─── MATERIALS PROVIDED
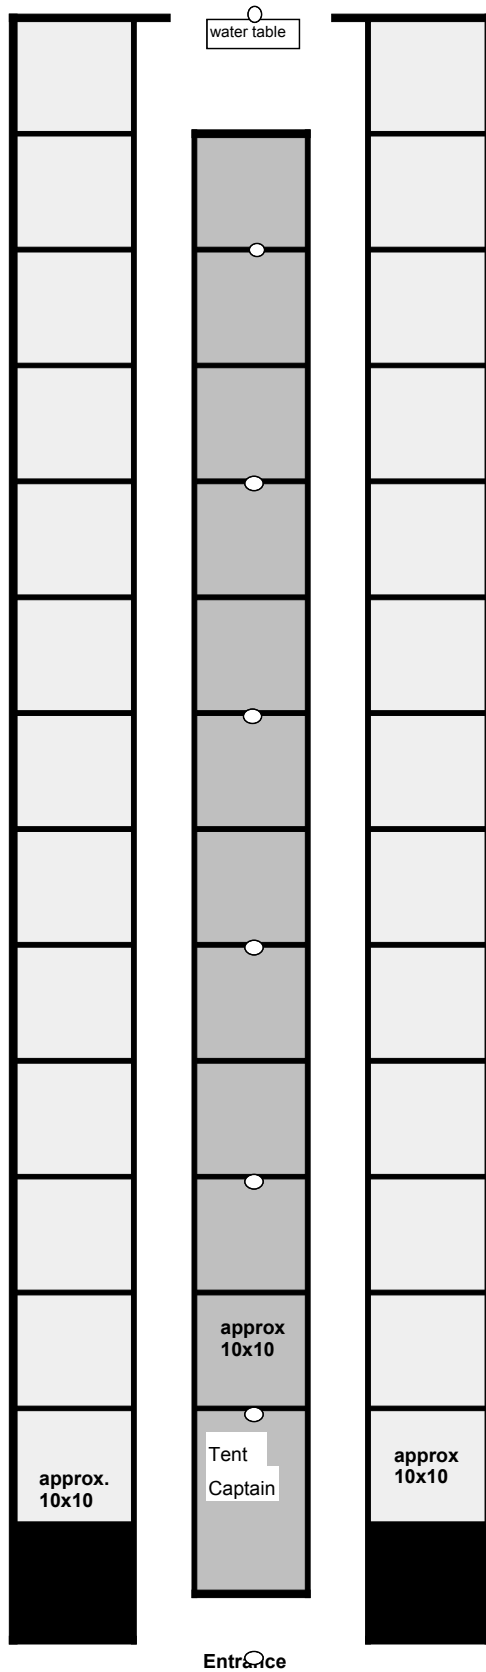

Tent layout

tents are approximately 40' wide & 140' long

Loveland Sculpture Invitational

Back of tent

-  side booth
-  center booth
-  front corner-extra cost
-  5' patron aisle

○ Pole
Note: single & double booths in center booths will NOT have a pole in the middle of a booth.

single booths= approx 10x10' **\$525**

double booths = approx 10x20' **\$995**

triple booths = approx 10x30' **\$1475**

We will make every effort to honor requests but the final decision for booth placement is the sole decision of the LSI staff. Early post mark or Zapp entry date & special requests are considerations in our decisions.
──────
◆ WHAT TO PRODUCE: Which lines in the data above hold the word "single"? Return each of them.

◆ SOLVED PROBLEM:
Note: single & double booths in center booths will NOT have a pole in the middle of a booth.
single booths= approx 10x10' **\$525**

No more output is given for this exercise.